━━━━━ Given records

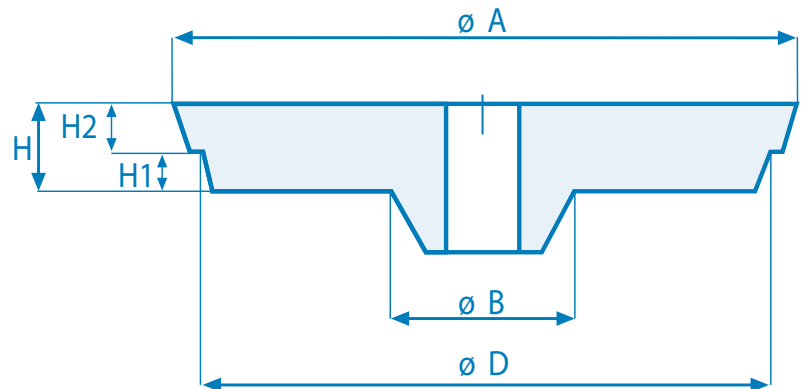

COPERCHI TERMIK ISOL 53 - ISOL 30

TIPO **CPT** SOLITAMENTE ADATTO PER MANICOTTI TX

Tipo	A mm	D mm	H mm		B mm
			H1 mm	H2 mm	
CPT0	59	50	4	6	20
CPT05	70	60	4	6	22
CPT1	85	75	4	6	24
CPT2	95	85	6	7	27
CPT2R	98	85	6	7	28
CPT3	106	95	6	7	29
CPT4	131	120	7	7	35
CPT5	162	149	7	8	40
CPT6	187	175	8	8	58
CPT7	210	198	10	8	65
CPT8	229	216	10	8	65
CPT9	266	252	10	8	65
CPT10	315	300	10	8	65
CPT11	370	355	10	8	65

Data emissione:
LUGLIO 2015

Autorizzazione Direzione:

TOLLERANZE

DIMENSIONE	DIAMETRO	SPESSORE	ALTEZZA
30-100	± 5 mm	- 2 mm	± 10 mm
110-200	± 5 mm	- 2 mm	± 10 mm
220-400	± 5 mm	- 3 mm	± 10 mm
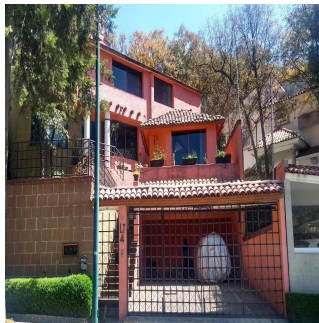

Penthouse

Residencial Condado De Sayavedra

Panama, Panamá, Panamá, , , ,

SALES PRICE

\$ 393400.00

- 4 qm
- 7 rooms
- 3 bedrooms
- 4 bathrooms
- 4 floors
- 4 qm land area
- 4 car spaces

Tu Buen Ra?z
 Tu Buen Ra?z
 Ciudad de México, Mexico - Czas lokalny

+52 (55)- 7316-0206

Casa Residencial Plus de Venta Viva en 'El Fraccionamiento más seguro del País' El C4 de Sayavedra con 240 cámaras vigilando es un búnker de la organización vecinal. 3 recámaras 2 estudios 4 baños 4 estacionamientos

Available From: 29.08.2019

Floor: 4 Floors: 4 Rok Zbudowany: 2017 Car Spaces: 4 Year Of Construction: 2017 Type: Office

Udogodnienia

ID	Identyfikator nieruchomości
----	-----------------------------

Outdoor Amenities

━━━━━━━━━━
━━━━━ Given records

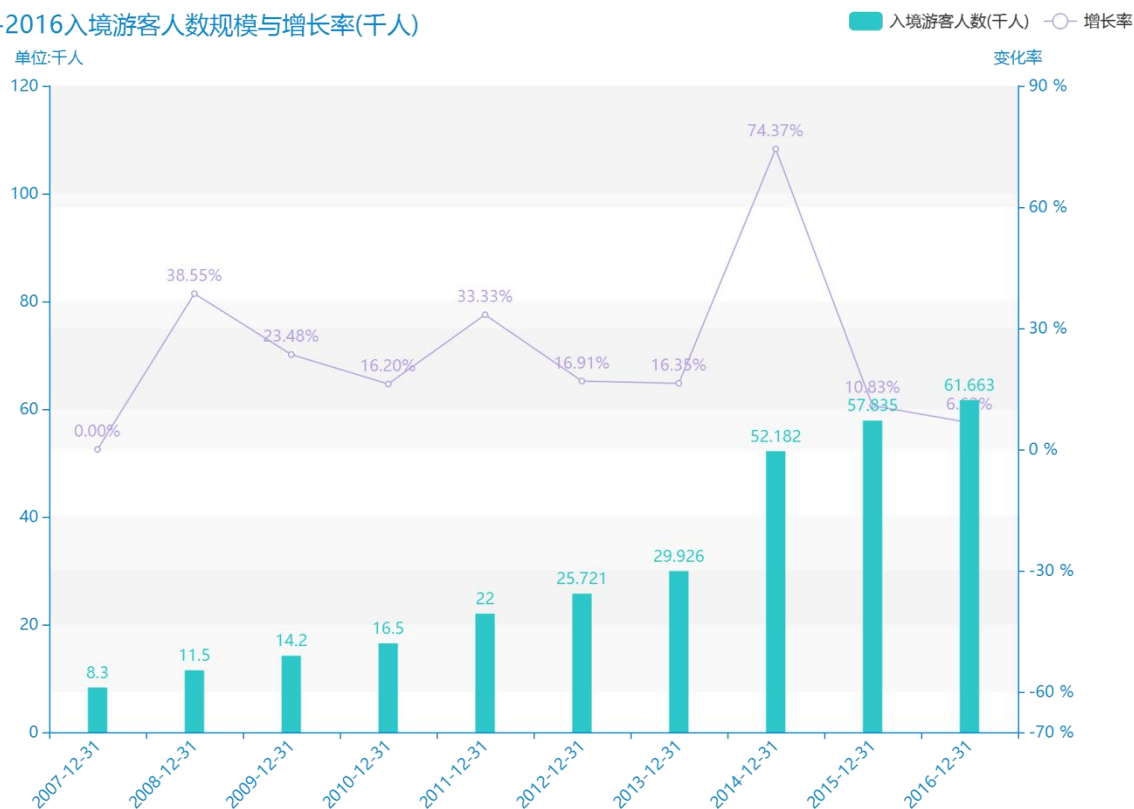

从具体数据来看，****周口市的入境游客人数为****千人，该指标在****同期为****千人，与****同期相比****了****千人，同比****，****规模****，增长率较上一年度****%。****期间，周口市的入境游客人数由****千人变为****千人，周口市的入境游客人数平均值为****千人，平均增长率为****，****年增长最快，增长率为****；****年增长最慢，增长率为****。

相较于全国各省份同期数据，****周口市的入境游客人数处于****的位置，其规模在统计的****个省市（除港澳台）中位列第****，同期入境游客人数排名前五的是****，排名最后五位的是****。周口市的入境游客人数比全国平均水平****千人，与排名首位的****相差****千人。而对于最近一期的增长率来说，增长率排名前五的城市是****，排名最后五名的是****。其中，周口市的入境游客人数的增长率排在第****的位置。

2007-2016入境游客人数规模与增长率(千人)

━━━━━━━━━━

▶ Exercise requirements
Of the entries above, repeat exactly the lines from the line with "Residencial Condado De Sayavedra" through the line with "Outdoor Amenities", both of them included.

▶ Solution to this problem
Residencial Condado De Sayavedra

Panama, Panamá, Panamá, , , ,

SALES PRICE

\$ 393400.00

- 4 qm
- 7 rooms
- 3 bedrooms
- 4 bathrooms
- 4 floors
- 4 qm land area
- 4 car spaces

Tu Buen Ra?z
 Tu Buen Ra?z
 Ciudad de México, Mexico - Czas lokalny

+52 (55)- 7316-0206

Casa Residencial Plus de Venta Viva en 'El Fraccionamiento más seguro del País' El C4 de Sayavedra con 240 cámaras vigilando es un búnker de la organización vecinal. 3 recámaras 2 estudios 4 baños 4 estacionamientos

Available From: 29.08.2019

Floor: 4 Floors: 4 Rok Zbudowany: 2017 Car Spaces: 4 Year Of Construction: 2017 Type: Office

Udogodnienia

ID	Identyfikator nieruchomości
----	-----------------------------

Outdoor Amenities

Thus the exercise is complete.